Todo el asco del mundo provocó un terremoto siete en la escala de Richter en la costra de maquillaje de "Rosalinda".

—No. Un detective privado, como los de cine. Como Humphrey Bogart, por ejemplo.

—Ay, pues no se parece. Me recuerda más a… no sé… A otro. Pero a ese que has dicho no. Adiós, maja, y no me tengas tan olvidado. ¿Te he gustado?

—Has cantado muy bien.

—Es que voy a clases de canto, mira tú, con el mismo que enseñó a respirar con los ovarios a la Caballé. Enséñeme a mí también, le dije. Y me está enseñando.

—¿A respirar con los ovarios?

—Pues sí, oye, y es verdad, se puede. Mira.

Se desabrochó el abrigo de pieles y quedó al descubierto un vestido violeta que se adaptaba como una funda a la voluminosa orografía de "Rosalinda".

—Mira, ahora respiro con el estómago.

Y el estómago de "Rosalinda" subía y bajaba según la dirección de entrada o salida del aire que ella aspiraba con la boquita cerrada y las narices dilatadas como si fueran de un sapo.

—Y ahora me meteré el aire en los ovarios.

Y se lo metió, porque ningún volumen externo dio señal de vida con lo que todos convinieron que el aire había ido a parar a un pozo profundo de las interioridades de "Rosalinda".

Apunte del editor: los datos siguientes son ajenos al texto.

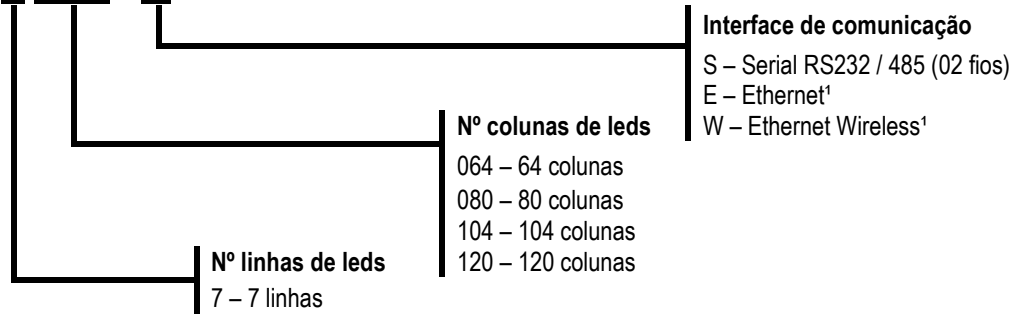

MODELOS

RAEC – X NNN - M

Modelo	Matriz de leds	Dimensões (sem carenagem)					Exibição estática
		A	B	C	D	E	
RAEC-7064	07 linhas X 64 colunas	510mm	565mm	62mm	110mm	108mm	10 caracteres
RAEC-7080	07 linhas X 80 colunas	630mm	685mm	62mm	110mm	108mm	13 caracteres
RAEC-7104	07 linhas X 104 colunas	815mm	870mm	62mm	110mm	108mm	17 caracteres
RAEC-7120	07 linhas X 120 colunas	935mm	990mm	62mm	110mm	108mm	20 caracteres

¹ Comunicação serial RS232 / RS485 (02 fios) padrão para todos os modelos.
Para diferentes modelos consulte nosso setor técnico.

RAEC SISTEMAS DE PESAGEM

Com experiência de mais de 15 anos no projeto e fabricação de balanças e sistemas de pesagem, a RAEC conta com profissionais especializados nas principais áreas da engenharia, tendo como principal missão propor soluções em medição, controle e automação de processos de pesagem aos seus clientes.

Trabalhamos com fornecedores com alto grau de qualidade, reconhecidos nos seus ramos de atuação, resultando em produtos com ótimo desempenho e elevada durabilidade, para as mais diversas aplicações e ambientes.

Entre em contato, faça uma consulta ou solicite uma visita técnica.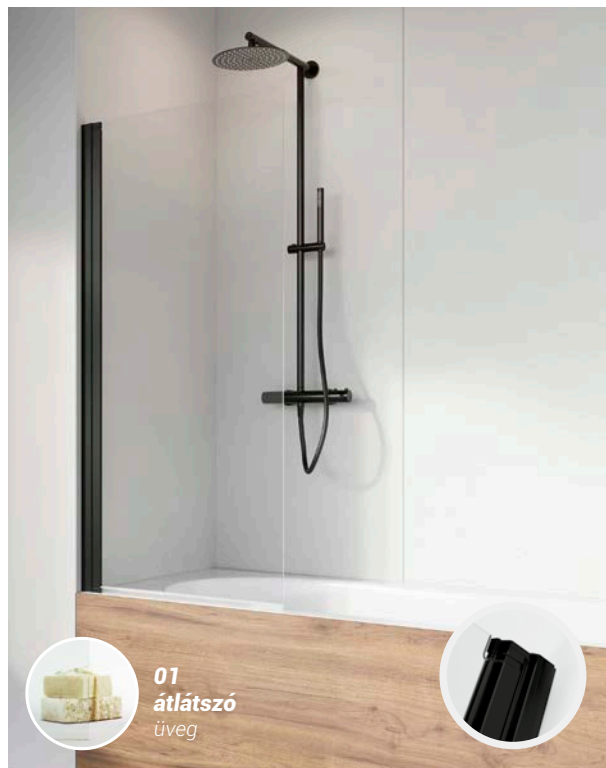

Nes Black PNJ I

113 900 Ft-tól | MÉRETEK: 50 | 60 | 70 | 80 | 90 | 100

B | J

BALOS
JOBOS

EGYEDI MÉRETRE
GYÁRTÁS

ÜVEG VASTAGSÁG

**Easy
Clean**

VÍZLEPERGETŐ
BEVONAT

A ZUHANYTÉR
KIALAKÍTÁSA
NEM ZÁRT

TÖLTSE LE A
KÁDPARAVÁN
MŰSZAKI
SEGÉDLETÉT

MODELL/MÉRET	TERMÉKKÓD	MA-GASSÁG	ÜVEG	ÁR
PNJ I 50 B	10011050-54-01L	150	01	113 900 Ft
PNJ I 50 J	10011050-54-01R	150	01	113 900 Ft
PNJ I 60 B	10011060-54-01L	150	01	118 000 Ft
PNJ I 60 J	10011060-54-01R	150	01	118 000 Ft
PNJ I 70 B	10011070-54-01L	150	01	124 700 Ft
PNJ I 70 J	10011070-54-01R	150	01	124 700 Ft
PNJ I 80 B	10011080-54-01L	150	01	129 500 Ft
PNJ I 80 J	10011080-54-01R	150	01	129 500 Ft
PNJ I 90 B	10011090-54-01L	150	01	142 300 Ft
PNJ I 90 J	10011090-54-01R	150	01	142 300 Ft
PNJ I 100 B	10011100-54-01L	150	01	149 000 Ft
PNJ I 100 J	10011100-54-01R	150	01	149 000 Ft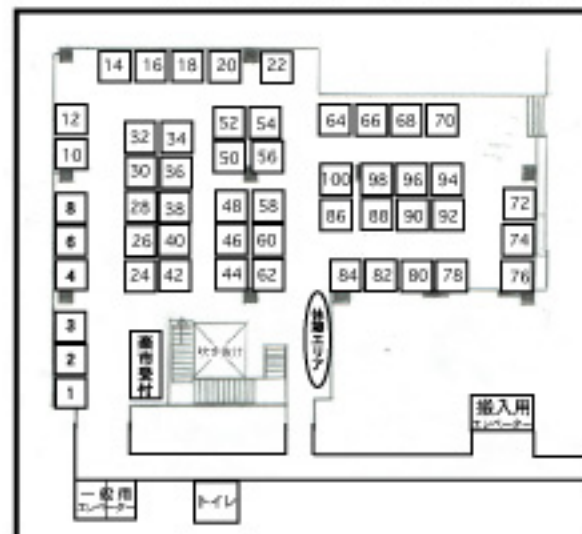

1. TeTe+Q (山本愛子・篠川理湖)
2. いちごみるく (森はゆる・小日向奈緒)
3. CM's STORE (清水明子・堀井由希)
5. ロケッティータ (立花 ミントン)
7. YELLOW CHALK (斎藤 千夏子)
9. DOG BRUNA (中島 千絵美)
11. Muse Eko (小川 えいこ)
13. つぼみ (菅田 佳代子)
15. kepo kepo kopon (田中 亜紀)
17. IMAGINE (森田 明)
19. きりえや (高木 亮)
21. Ya-Kei-1 (齋藤 圭一・本田 康典)
23. KiriEri (内倉 絵里)
25. 寺田早苗
27. 手紙工房 (津村 満治)
29. 一〇奏 -ichiensou- (高橋 正人)
31. 東華房 (野本 陸志)
33. ぎゃらりー温縁 (布目 温)
35. T's Favorite (長橋 徹)
37. ねんどらんど (毛利 公一)
39. コノコト (植原 律志)
41. アトリエ KAZU (高田 和彦)
43. ビーズカク! yum-yum (楡山多恵子)
45. 宗広面根付 (小倉 広志)
47. ハへロ (谷本 礼史)
49. Atelier つきのいし (板橋 美和子)

51. ハリガネ君 (鳥居 耕一)
53. はちや (城塚 真美子)
55. ねじ屋 (永野 正春)
57. 彫金Jack Pot (佐々木 庸子)
59. 創遊KAI (福島 映子)
61. バルーンアーティストtomo (樋口 智彦)
63. たけづ (新井 順子)
65. 古工房 (木本 英博)
67. time is flower (岩下 泰子)
69. あきのかなこ (秋野 香奈子)
71. オーク (二川 康大)
73. ぬうまぬあ (樋口 薫)
75. 似顔絵 でかど屋本舗 (石村 治)
77. さすけ工房 (瀧谷 光雄)
79. coco+ (衛藤 由美)
81. COURT FIELD (神田 理恵)
83. ハナヤ (長谷川 美保)
85. k-m (高橋 久美)
87. 創作工房Nitty Gritty (鈴木 健治)
89. 1001 (城戸 俊一郎)
91. cha*cha (志水 智恵美)
93. cherish (三谷 潔美)
95. きんぴら工房 (平井 芳栄)
97. la couture de maman (川崎 幸枝)
99. あずま紐 (林 明香)
100. あいらぼ (飯田 章)

◆20日(日)→偶数組 + スタッフ2ブース = 52ブース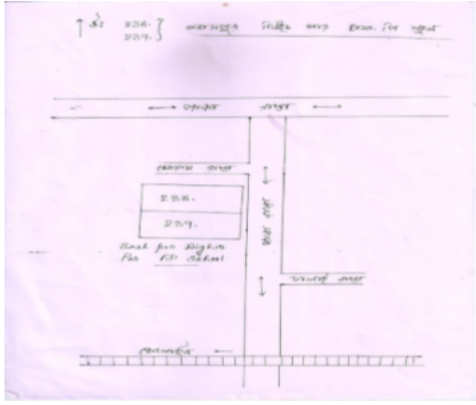

Nazri Naksha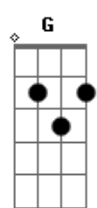

© ukulele-chords.com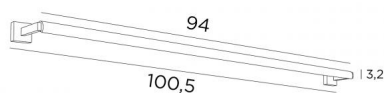

CREMONE 95

CREMONE 95 en bronze griffé

Eclairage de tableau ou de bibliothèque avec module LED intégré. Lumière chaude. Le réflecteur est orientable sur 360°. Existe en trois tailles

DIMENSIONS HORS-TOUT

H5cm L100,5cm |→11,7cm

BASE

#5 x 1,9cm (x2)

DONNÉES TECHNIQUES

Module LED 230V intégré

Pas de convertisseur

Consommation : 21,6W

Luminosité : 1989lm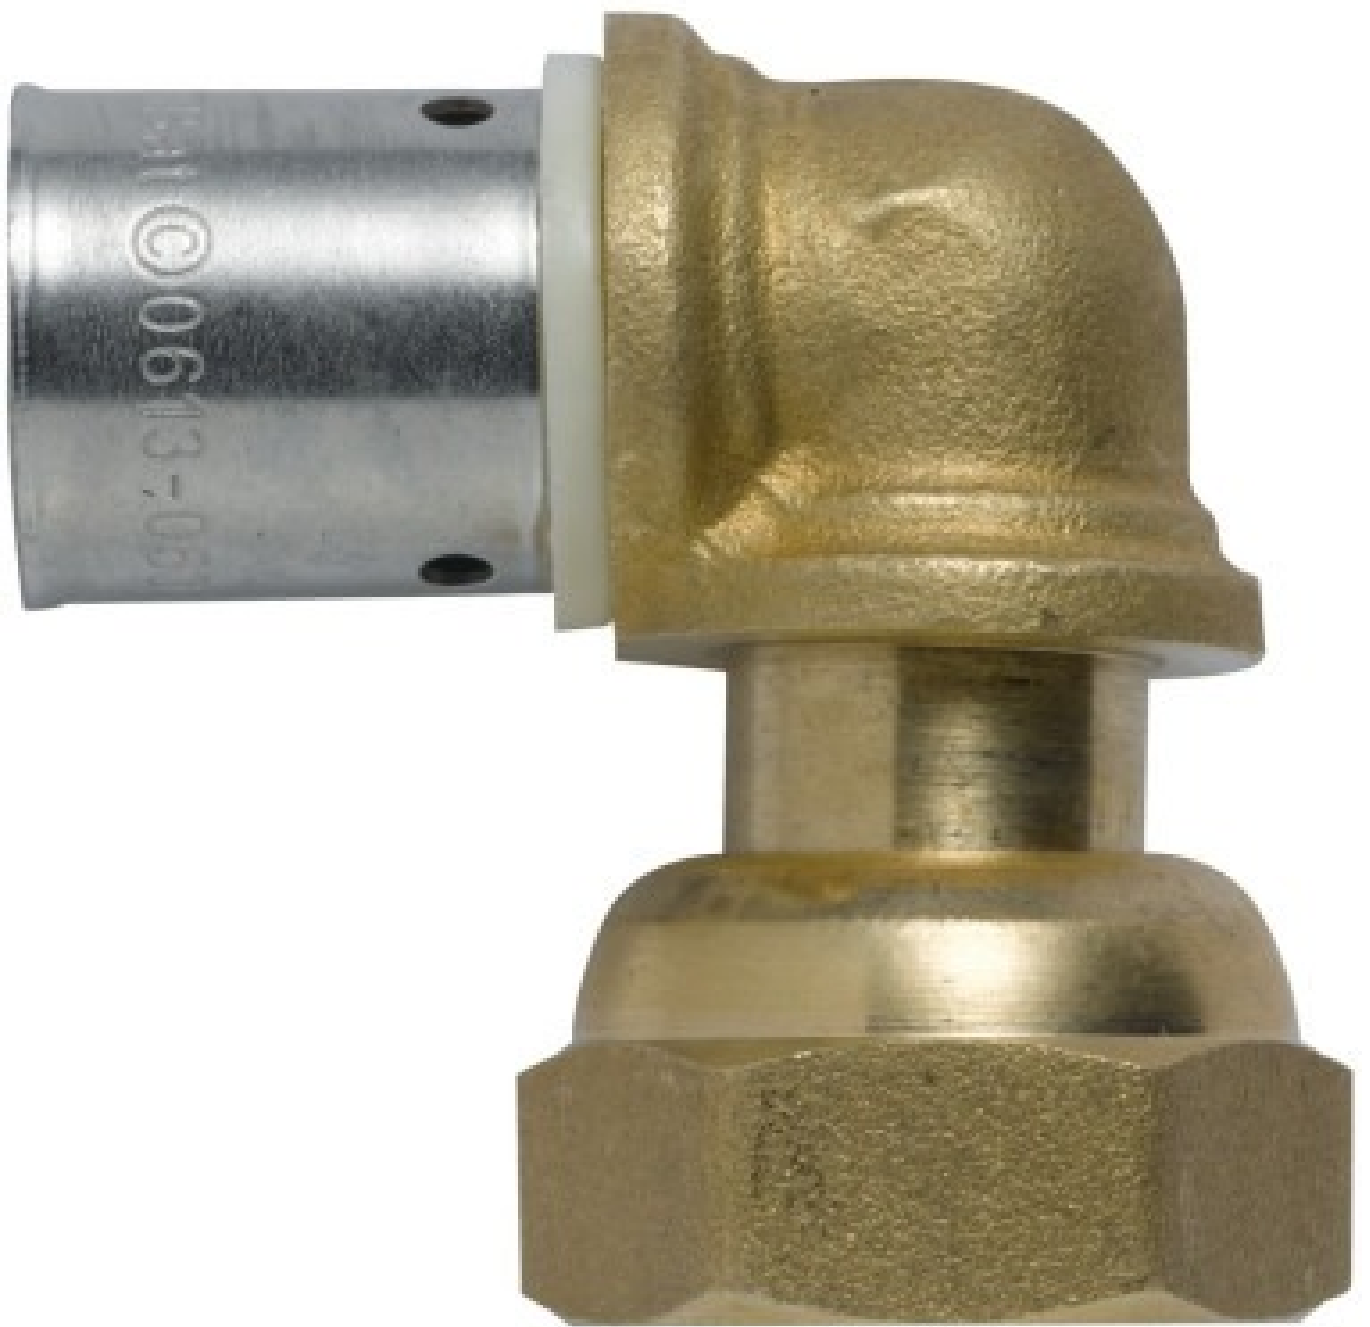

Chevilles de 06 ø + Vis de Bois Tête Fraisée 3/25 ø + Rondelles 5/10 ø

written by www.mbsmpro.com | April 8, 2026

Chevilles de 06 ø + Vis de Bois Tête Fraisée 3/25 ø + Rondelles 5/10 ø

[Coude Boite A Sertir 16 Fixation avec 2 vis](#)

written by www.mbsmpro.com | April 8, 2026

Coude Boite A Sertir 16 Fixation avec 2 vis

Ø20

SM © 0613-051

[Vis de Bois Tête Fraisée 5/40 ø + Chevilles de 06 ø](#)

written by www.mbsmpro.com | April 8, 2026

Vis de Bois Tête Fraisée 5/40 ø + Cheilles de 06 ø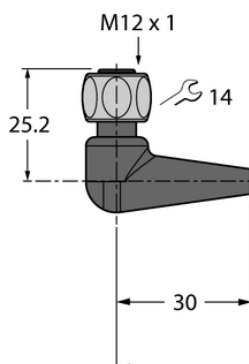

Przewód przyłączeniowy TPE WKH4.4-P7X2-10/TFG - Turck

**Numer artykułu SKU:
OC-TURCK039356**

Numer artykułu producenta:

Tylko na zamówienie

TURCK

OPIS PRODUKTU

Aplikacja	Jedzenie (przemysł żywnościowy), Sygnał
Wykonanie	Przewód podłączeniowy
Złącze A	Złącze żeńskie, M12 × 1, Kątowe
Liczba styków	4
Uchwyt	Tworzywo sztuczne, PP, Przezroczyste
Nakrętka/śruba	Stal nierdzewna, V4A
Display switch state	LED, Żółty
Napięcie nominalne	30 V
Prąd	4 A
Średnica przewodu	Ø 4.6 mm
Długość przewodu	10.0 m
Otulina przewodu	TPE-O, Szary
Liczba żył przewodu	4
Klasa ochrony	IP67, IP69K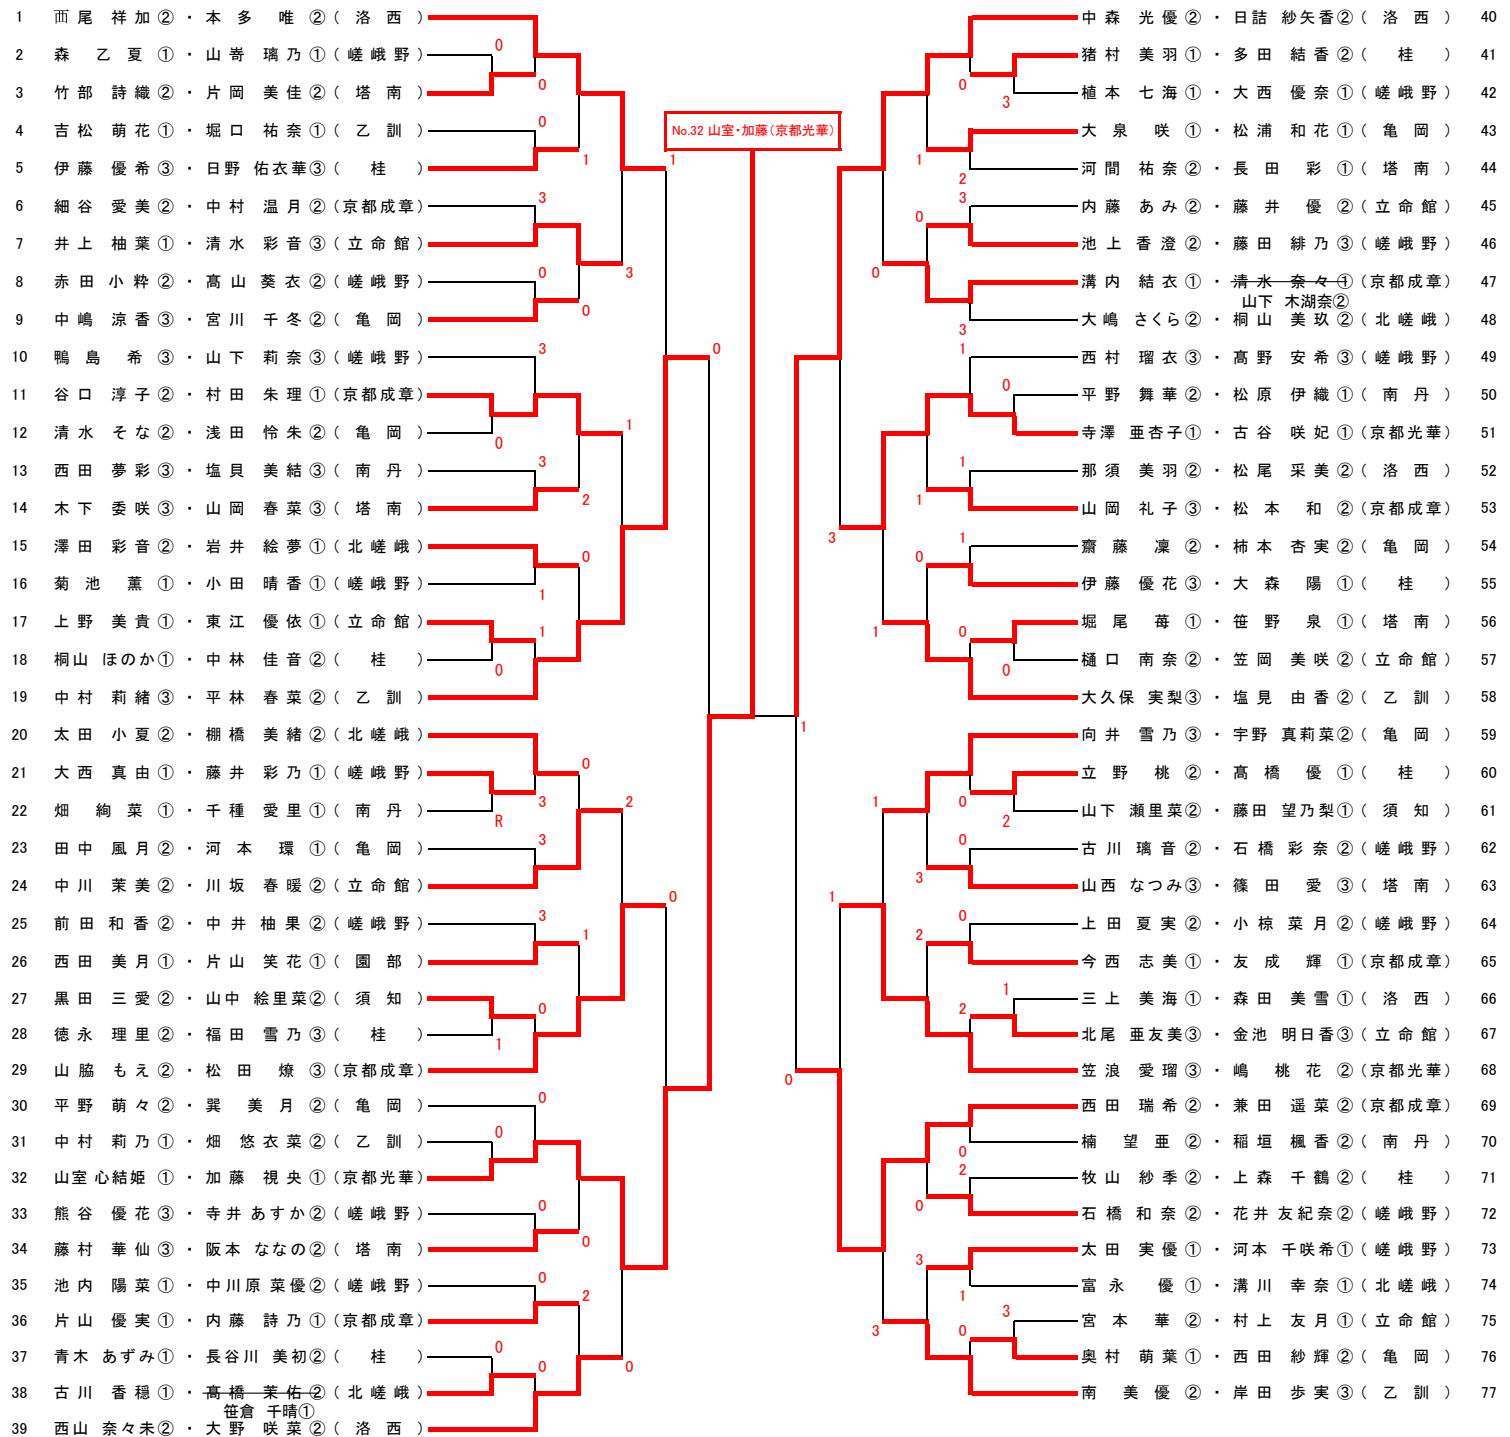

令和3年度 全国総体個人戦北西ブロック予選

令和3年5月8日
会場: 亀岡運動公園

男子の部

予選免除ペア(学校名) 4ペア
渡邊 魁③・木戸 神伯③(南丹)
首藤 大智②・宮本 貴太郎③(立命館)
権藤 陽斗②・吉村 敬太②(嵯峨野)
坂本 迅③・八阪 涼星③(立命館)

選手変更
70 木村 隆誠③ → 津田 将希①
95 西川 春太郎② → 河原田 宗樹①

優勝	72 千崎 優馬③・辻浦 拓武③(南丹)
準優勝	1 遠山 滉太③・鈴木 船斗③(塔南)
第3位	48 橋本 輝音③・尾崎 蒼太③(南丹) 96 住友 迅③・中川 滉一朗③(亀岡)
ベスト8	20 原 一紗①・山田 悠喜①(立命館) 36 富永 泰慈③・川邊 知豊②(北嵯峨) 49 近藤 英人③・吉水 凜翔②(乙訓) 77 星野 将輝①・浜名 良祐①(立命館)
ベスト16	7 前田 温希③・安田 圭汰③(北嵯峨) 13 今田 真輝斗②・奥田 一颯②(乙訓) 30 角田 尚寛③・久保 史弥③(嵯峨野) 37 大塚 紬③・吉岡 直海③(須知) 60 丸田 貴之③・瀧瀬 幸太郎②(嵯峨野) 61 津田 浩太③・大橋 有紀③(京都先端附) 79 高垣 佳弘①・笹尾 倅芽②(南丹) 85 山内 新③・高倉 斗夢③(北嵯峨)
ベスト20	12 日野 勇人②・土田 佑陽③(洛西) 44 井上 東牙①・吉岡 琉久①(乙訓) 54 木戸 盟王①・岡田 力輝②(南丹) 84 安田 智也②・太田 真哉②(乙訓)

※この大会のベスト20は全国総体個人戦京都府予選(6月5日丹波自然公園)に北西ブロックの代表として出場。
※出場選手は2名とも背中に学校名・苗字が明記された指定形式のゼッケンを付けること。
※会場内に持ち込んだ昼食や空き缶、ペットボトル等のごみは各自が責任をもって持ち帰ること。

令和3年度 全国総体個人戦北西ブロック予選

女子の部

令和3年5月8日
会場:洛西浄化センター

- 予選免除ペア(学校名) 11ペア
- 寺澤 佑珠妃③・北川 アンナ瑛咲③(京都光華)
 - 中尾 陽菜②・西村 ゆめ③(京都光華)
 - 松並 百花③・麻田 陽愛③(京都光華)
 - 久留 紅③・奥山 充結②(京都光華)
 - 上田 風音②・岡田 佳菜子②(京都光華)
 - 柴田 花②・谷口 菜絵香②(京都光華)
 - 中西 美貴②・山下 愛加②(京都光華)
 - 柴田 七海③・武田 悠里②(京都光華)
 - 脇坂 美海②・森田 萌花②(京都光華)
 - 和泉 美結③・猪村 夢莉③(京都成章)
 - 西山 愛美③・小林 さくら③(園部)

※この大会のベスト24は全国総体個人戦京都府予選(6月5日丹波自然公園)に北西ブロックの代表として出場。
※出場選手は2名とも背中に学校名・苗字が明記された指定形式のゼッケンを付けること。
※会場内に持ち込んだ昼食や空き缶、ペットボトル等のごみは各自が責任をもって持ち帰ること。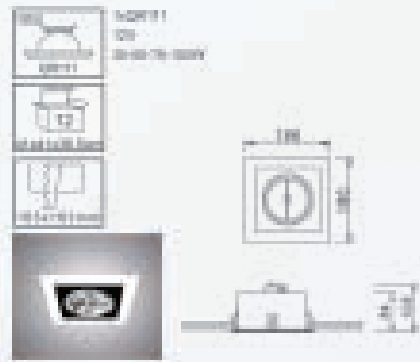

LO-AD-5011

—Y claro, con el aire aquí abajo pues tarda más en salir y te da más tiempo a aguantar la voz. Por eso la Caballé, o quien dice la Caballé pues la Callas o Raphael, o un cantante de ésos, pues aguanta el aire y te hacen con la voz lo que te hacen. Te pueden cantar, qué sé yo, un kilómetro y con la cara como si se estuvieran cepillando el pelo.

Cerró los ojos para reponer ideas destinadas a una disertación que deseaba prolongada y la Donato le besó las mejillas mientras daba por terminada la audiencia.

—Mira, monina, estamos cansados y nos vamos a casa. Felicidades por lo bien que lo haces y te deseo muchos éxitos.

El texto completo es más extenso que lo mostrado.